Foto: Henry Be
An important part of morality is the ability to cooperate, in particular in situations where we have the choice of benefiting ourselves at the expense of our community, or sacrifice some of our good for the sake of helping others. Much of this is handled not by deep ethical thinking coming up with moral principles but through individual strategies we acquire through a mixture of personality, upbringing, imitation and countless other influences.

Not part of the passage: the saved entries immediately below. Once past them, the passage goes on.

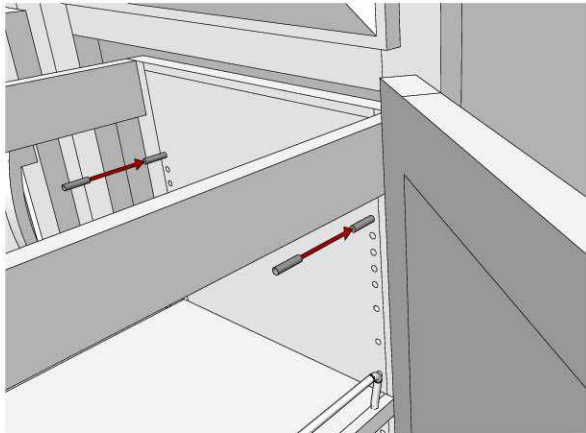

HÄFELE

Always read the instructions carefully and completely before beginning assembly.
Remove and check contents for damage and/or missing parts.

SmartCab Storage Tray "App"

Item# 546.31.863- Storage Tray

Box Contents: 1pc. Storage Tray

4 pc. Adjustable Shelf Pin

Drops into SmartCab Pull Out to expand
your storage and organizational options.

Step 1

Step 2

Installation Instructions

Step 1: Extend your SmartCab Pullout.

Insert 4 Shelf Pins- 2 in each end panel making sure that all 4 pins are at the same level.

Step 2: Place Storage Tray through the top of the SmartCab Pullout to rest upon the 4 shelf pins. Tray location height can be adjusted by relocating the shelf pins.
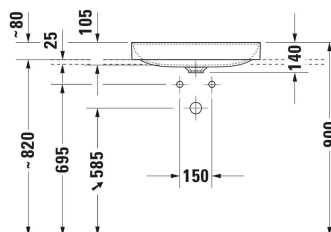

**DuraSquare Washbowl # 2355600000**

| &lt; 600 mm &gt; |

Washbowl	Dimension	Weight	Order number
DuraCeram®, Square, Tap hole platform: No, Overflow: No, Ground, Incl. ceramic drain cover, Incl. slotted waste, 600 mm, Internal dimensions: 590x335 mm			
<b>Colors</b>			
00 White Alpin			
<b>Variant</b>			
<input checked="" type="checkbox"/> White High Gloss, Rectangular, Number of washing areas: 1 Middle, Back side glazed: Yes	600x345 mm	8.100 kg	2355600000
Sanitary ceramics with the special WonderGliss surface finish will remain clean and attractive-looking for a long time to come. When ordering WonderGliss please add a "1" as eleventh digit to the model number.			
<b>Accessory</b>			
Design siphon Material: Brass, Outlet drain: horizontal, Suitable for Washbasin	76 x 483 mm	1.5 kg	005036
<b>Suitable products</b>			
Console vanity unit wall-mounted Number of drawers: 1, Incl. console: Yes, Tap hole drillings possible, Handle Silver, Soft self-closing automatic with damping, 800 x 550 mm	800 x 550 mm		KT6694
Console vanity unit wall-mounted Number of drawers: 1, Incl. console: Yes, Tap hole drillings possible, Handle Silver, Soft self-closing automatic with damping, 1000 x 550 mm	1000 x 550 mm		KT6695
Console vanity unit wall-mounted Number of drawers: 1, Incl. console: Yes, Tap hole drillings possible, Handle Silver, Soft self-closing automatic with damping, 1200 x 550 mm	1200 x 550 mm		KT6696
Console vanity unit wall-mounted Number of drawers: 2, Incl. console: Yes, Tap hole drillings possible, Handle Silver, Soft self-closing automatic with damping, 1400 x 550 mm	1400 x 550 mm		KT6697 B/L/R
Console vanity unit wall-mounted Number of drawers: 2, Incl. console: Yes, Tap hole drillings possible, Handle Silver, Siphon cut-out: Yes, Siphon cover: Yes, Soft self-closing automatic with damping, 800 x 550 mm	800 x 550 mm		KT6654
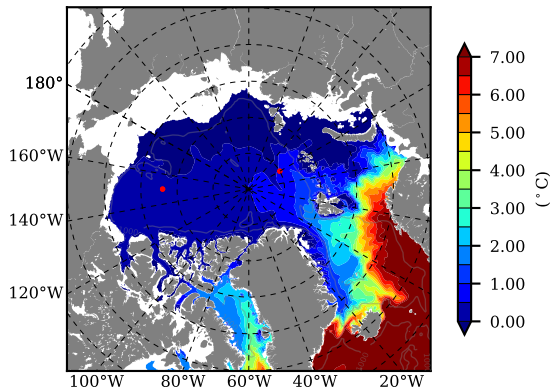

BCTGE28NEV401A1S3 AW Max Temp over 2004

AW Max Temp from PHC 3.0

BCTGE28NEV401A1S3 AW Max Temp depth

AW Max Temp depth from PHC 3.0
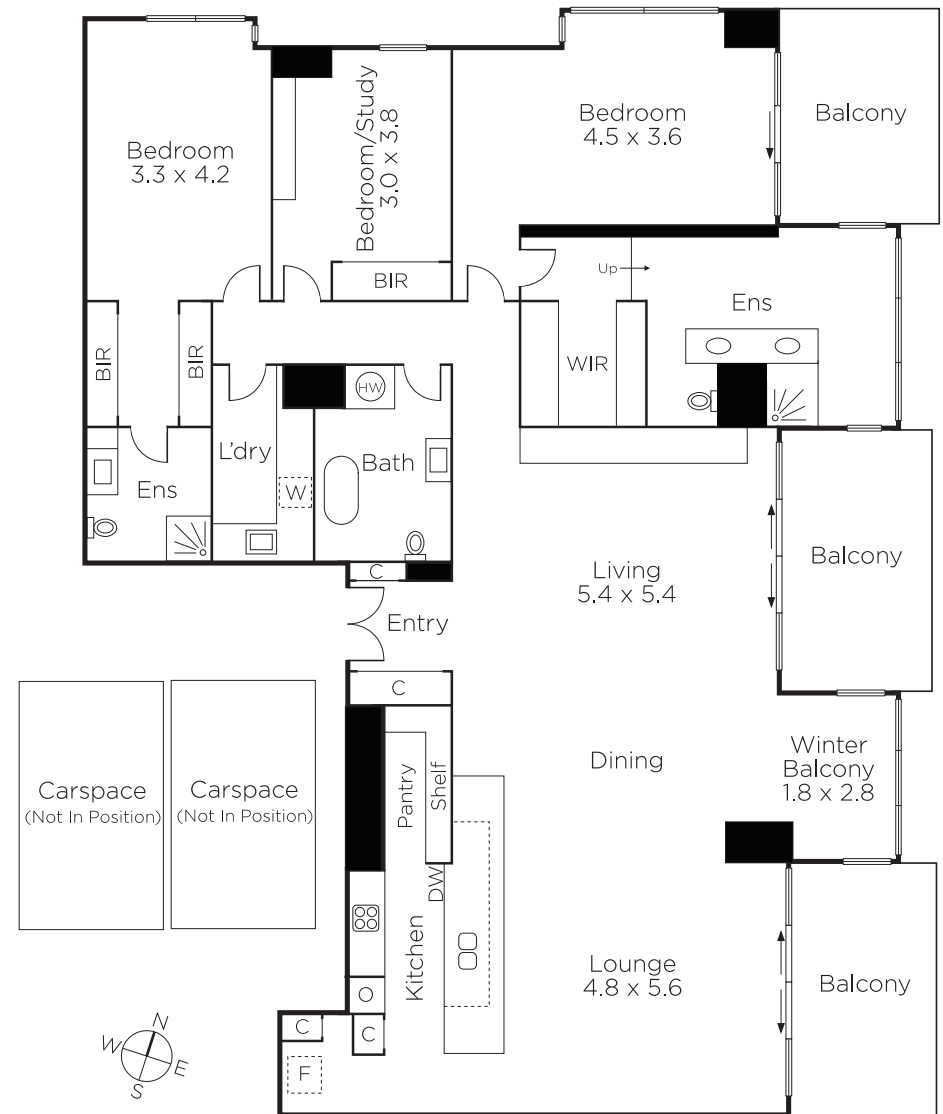

Disclaimer: Information provided is believed to be accurate as at the date of printing, no responsibility is taken for any errors or omissions. It is your responsibility to obtain independent, professional advice. Personal information collected from you is for security purposes and to contact you should the property sell prior to auction. We may use this information to provide you with other real estate services including referrals to authorised financial services' providers. Visit our website at www.marshallwhite.com.au for our privacy policy.
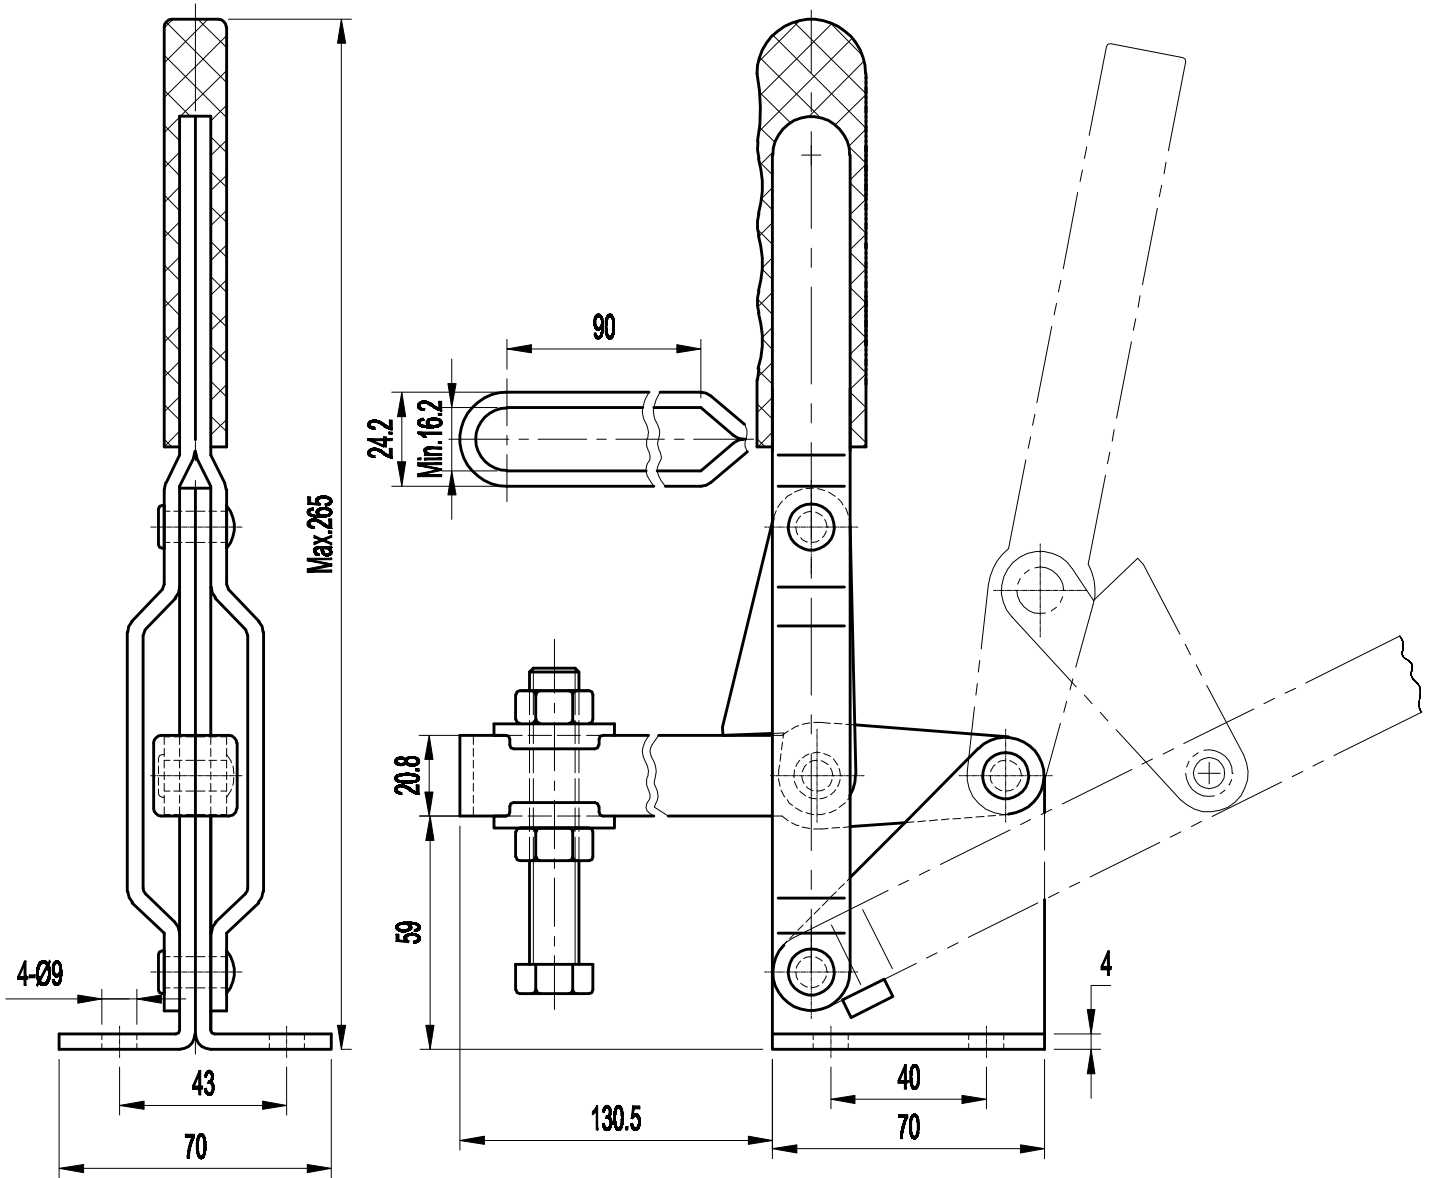

PART NUMBER: CH-101-H

BAR OPENS: 101°
HANDLE OPENS: 63°
SPINDLE SUPPLIED: CH-SA-12300
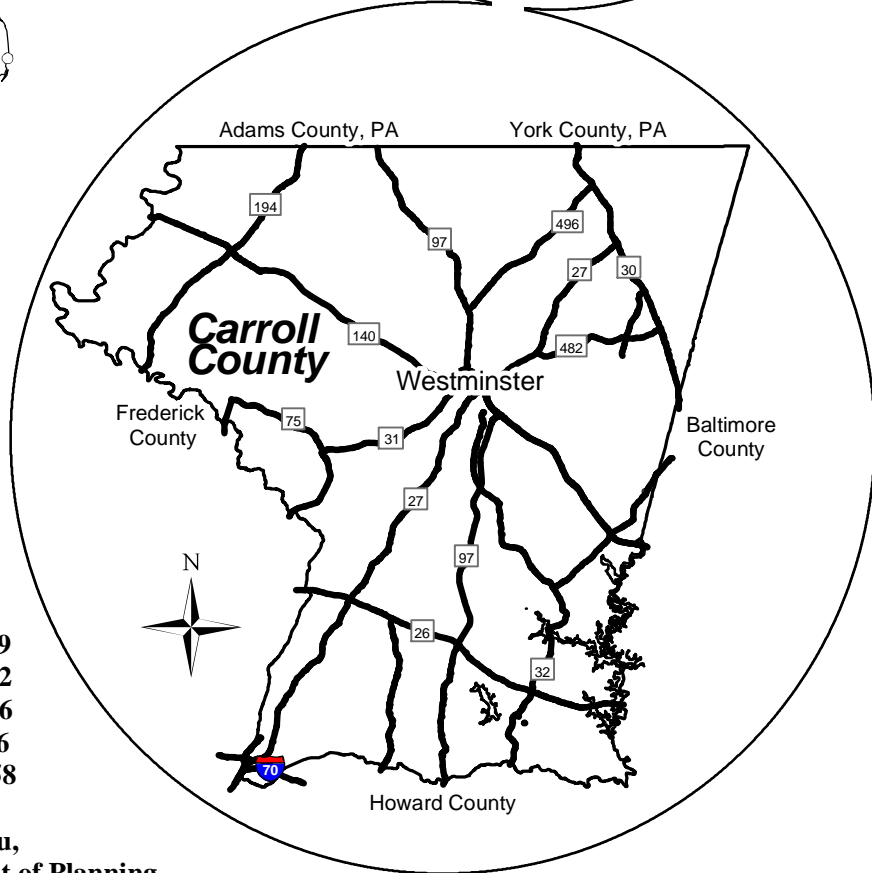

Geography/Demographics of Carroll County, Maryland

**Carroll County
Maryland**

As of June 30th 2003

Population : 163,399
Households : 57,062
Avg. Household Size : 2.86
Square Miles : 456
Persons Per Sq. Mile : 358

**Source: U.S. Census Bureau,
 Carroll County Department of Planning.**

Over millennia philosophers and preachers have tried to get us to behave better. This is particularly important as our societies become huge and global: many of our intuitions and behaviors were shaped in the past when social groups were far smaller, and we now find ourselves limited in coordinating with millions of others. Worse, many challenges – climate, resource scarcity, risky new technologies – may require unprecedented cooperation to allow humanity to survive. This has led some philosophers to suggest that ought to investigate biomedical moral enhancement: deliberate interventions to expand our circles of concern, ability to empathize, tendency to be altruistic or cooperative. There are some early examples of drugs or hormones that point in this direction.
What our paper investigates is whether a society where people can change their social strategies at will remains stable. It is known that when playing a game with someone we weigh together our own payoff (how much money or happiness we gain) with the other’s payoff into a subjective value. “Individualistic” players only care about themselves. “Prosocial” players care equally about themselves and the other (so they may want to maximize the sum of the outcomes). “Altruists” want the other to get as good result as possible. “Competitors” care about winning, but also that the other loses. The rare “Martyrs”, “Sadists” and “Sado-Masochists” try to minimize rewards for themselves, others or both. Real humans are distributed between the competitors over the individualists and prosocials to altruism.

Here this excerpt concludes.